Stream: t-lang/wg-unsafe-code-guidelines

Topic: UB and non-determinism and I/O


RalfJ (Mar 29 2019 at 09:14, on Zulip):

@Jake Goulding

you understood me correctly. I was under the impression that Rust was taking the position of "if any code flow path could cause UB, it is always UB".

"if any code flow path could cause UB, it is always UB" is correct, but it does not mean what you (seem to) think it means.
it means that a program like let x = Box::new(0); if Box::into_raw(x) as usize % 512 == 0 { trigger_ub(); } has UB because the allocator is non-deterministic, and the compiler can decide for the allocator that it will pick a sufficiently aligned address here, and then take the then-branch.
however, "if any code flow path could cause UB, it is always UB" does not mean that let b = read_boolean_from_stdin(); if b { trigger_ub(); } always has UB! Here, there is no non-deterministic choice the compiler can affect; the choice is made by the outside world, it might be deterministic or whatever, and the compiler has to respect that. If that program is only ever run in an environment where b ends up false, there is no UB as the branch is never taken!

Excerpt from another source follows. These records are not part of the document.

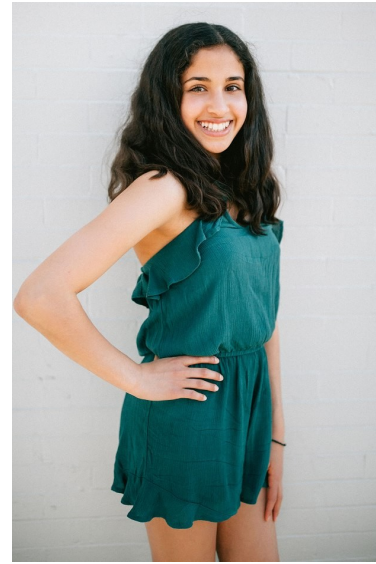

AMELIA SUBRAMANIAN

WILHELMINADENVER

Height 5'2" Dress 0 US Shoe 6.5 US Hair Dark Brown Eyes Brown

Wilhelmina Denver
209 Kalamath Street #10
Denver, CO 80223
720-382-1512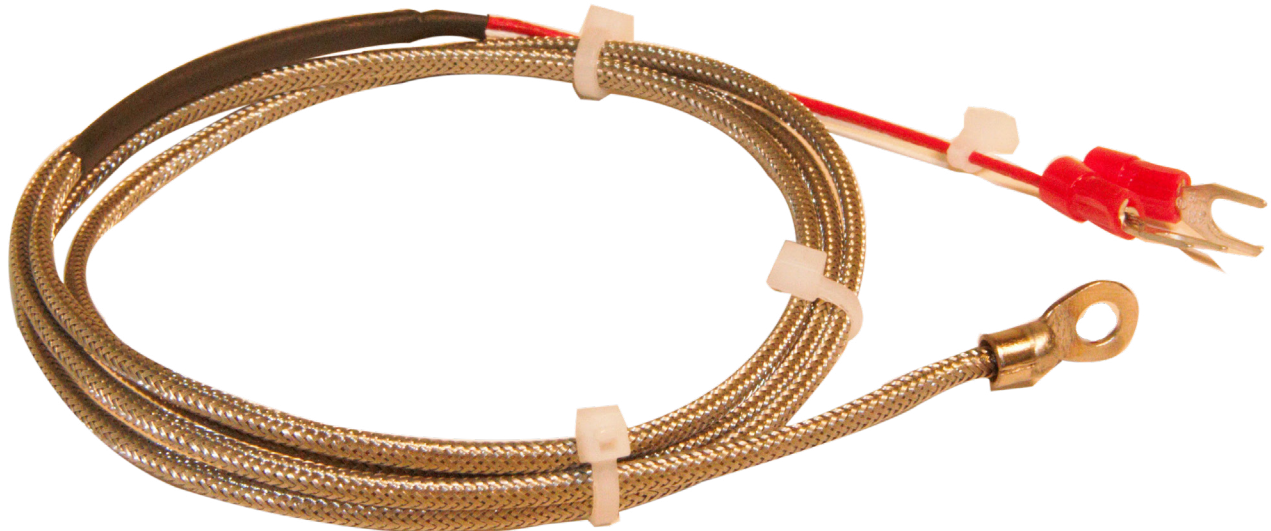

A700 - RING TERMINAL THERMOCOUPLES + RTD's

A700 STYLE - RING TERMINAL

**STANDARD FEATURES**

3/16" or 5/16" DIAMETER RING  
 GROUNDED SENSOR  
 24 AWG FIBERGLASS LEADS  
 WITH STAINLESS STEEL BRAID  
 STRIPPED LEADS

**OPTIONS - A700**

THERMOCOUPLE TYPE OPTIONS

Type J    Type K  
 Type T    2 or 3 Wire RTD

48,72,96,120" ARMOR  
 CUSTOM

TERMINATION OPTIONS  
 SEE NEXT PAGE

UNGROUNDING  
 NIST TRACEABLE  
 FIXED PIPE CLAMP

SPECIAL OPTIONS AVAILABLE UPON REQUEST

**STOCK - A700**

TYPE	JUNCTION	Length (A)	PART# (c/w bare wire)	PART# (c/w male plug)
J	Grounded	36"	A700J-X-36-0-B	A700J-X-36-2-B
J	Grounded	48"	A700J-X-48-0-B	A700J-X-48-2-B
J	Grounded	72"	A700J-X-72-0-B	A700J-X-72-2-B
J	Grounded	96"	A700J-X-96-0-B	A700J-X-96-2-B
J	Grounded	120"	A700J-X-120-0-B	A700J-X-120-2-B
J	Grounded	144"	A700J-X-144-0-B	A700J-X-144-2-B
J	Grounded	180"	A700J-X-180-0-B	A700J-X-180-2-B

**WE STOCK ALL A700 RING  
 TERMINAL DIAMETERS.  
 \*\*\*PLEASE SPECIFY WHEN  
 ORDERING\*\*\***

Formally speaking, there are two kinds of choices in a program:
Internal choice is when the semantics of the program say "this or that may happen and there is no way for the programmer or user to influence that". Examples include the memory allocator and the thread scheduler. The compiler is allowed to refine this choice, meaning it is allowed to take away certain possibilities here, like in my first example above where the compiler decided that the allocator will pick an address that is 512-aligned. (But then the entire execution has to be consistent with that refined choice!)
In contrast, external choice is when the program interacts with the outside world and receives inputs from there. The compiler cannot affect what inputs will come. So if a program has UB only in case of certain malformed inputs, then the compiler has to translate it in a way that the resulting binary behaves just like the original program did for any input that did not trigger UB. You can think of the program as representing an answer to every possible question from the outside, like in my 2nd example above "input false? answer: nothing happens, program terminates" and "input true? answer: UB". All the input-answer-input-answer traces without UB must be preserved by the compiler.

That got longer than I expected... I hope it makes some sense?

Last update: Nov 19 2019 at 17:35UTC